= Beginning of Section =
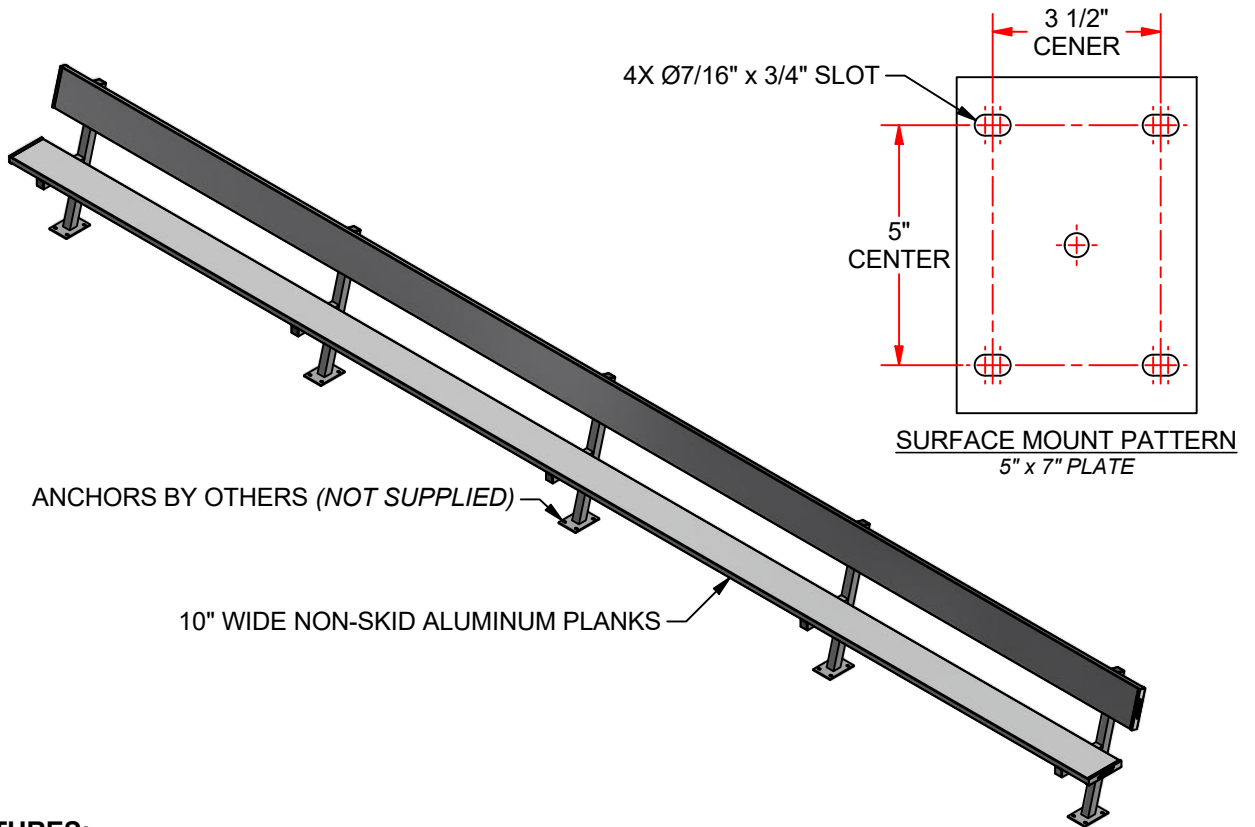

# PB-90SM 27' SURFACE MOUNT PLAYERS BENCH W/ BACK REST

### FEATURES:

- 10" WIDE NON-SKID ALUMINUM PLANKS
- 2" x 2" HEAVY DUTY GALVANIZED STEEL LEGS FOR SUPERIOR RUST RESISTANCE
- PLANKS ARE SUPPORTED BY A STRONG, GALVANIZED STEEL UNDERSTRUCTURE
- PLAYER BENCH WITH BACK REST
- SEAT PLANK IS 18" FROM GROUND
- SURFACE MOUNT READY FOR WIDE VARIATIONS IN FLOOR CONSTRUCTION
= End of Section =
Your goal: When you copy the entries above, reproduce each line exactly and leave out any pictures.

Answer to this task:
# PB-90SM 27' SURFACE MOUNT PLAYERS BENCH W/ BACK REST

### FEATURES:

- 10" WIDE NON-SKID ALUMINUM PLANKS
- 2" x 2" HEAVY DUTY GALVANIZED STEEL LEGS FOR SUPERIOR RUST RESISTANCE
- PLANKS ARE SUPPORTED BY A STRONG, GALVANIZED STEEL UNDERSTRUCTURE
- PLAYER BENCH WITH BACK REST
- SEAT PLANK IS 18" FROM GROUND
- SURFACE MOUNT READY FOR WIDE VARIATIONS IN FLOOR CONSTRUCTION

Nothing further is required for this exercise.